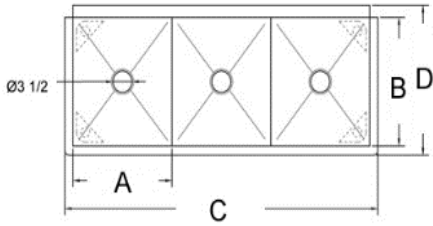

ONE COMPARTMENT

MODEL	A	B	C	D	G.W.
17cen1620-1	16"	20"	19"	23.5"	35 lbs.
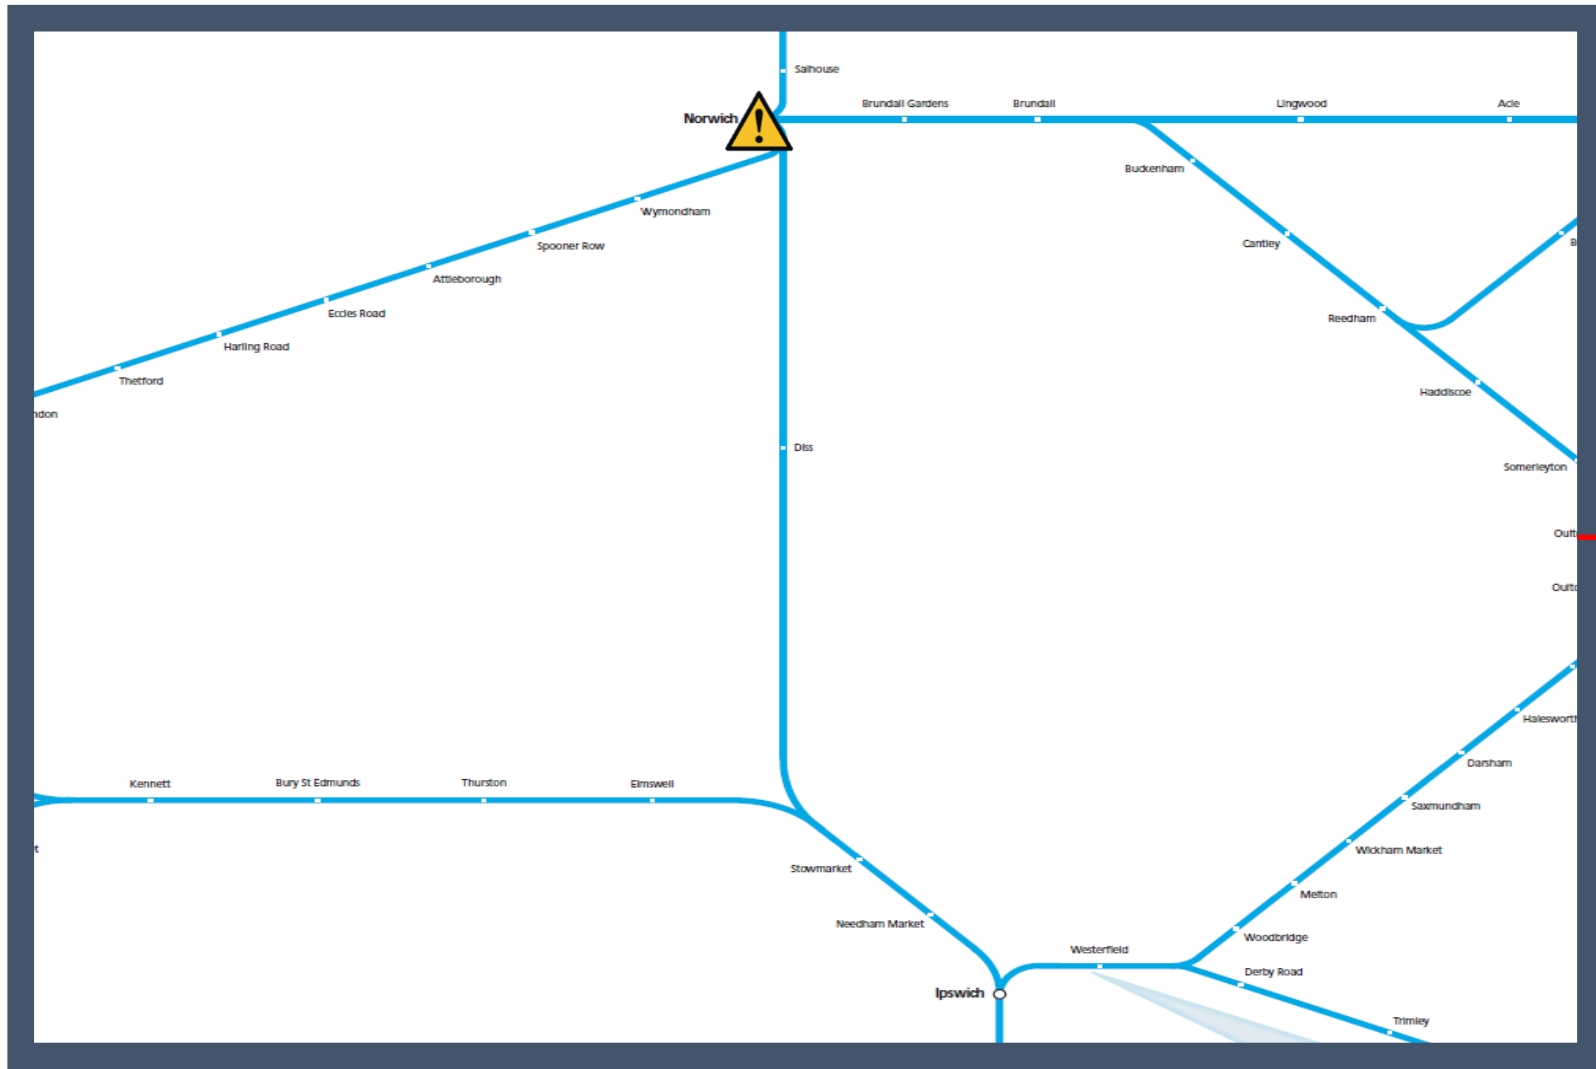

Damaged overhead electric wires in the Norwich area

TOCs affected: East Midlands Railway, Greater Anglia

Key:

Disruption

YOUR OBJECTIVE – Write out only the lines from the one containing "Damaged overhead electric" through the end of the listing above, exactly as they stand.

REPLY TO THE TASK –
Damaged overhead electric wires in the Norwich area

TOCs affected: East Midlands Railway, Greater Anglia

Key:

Disruption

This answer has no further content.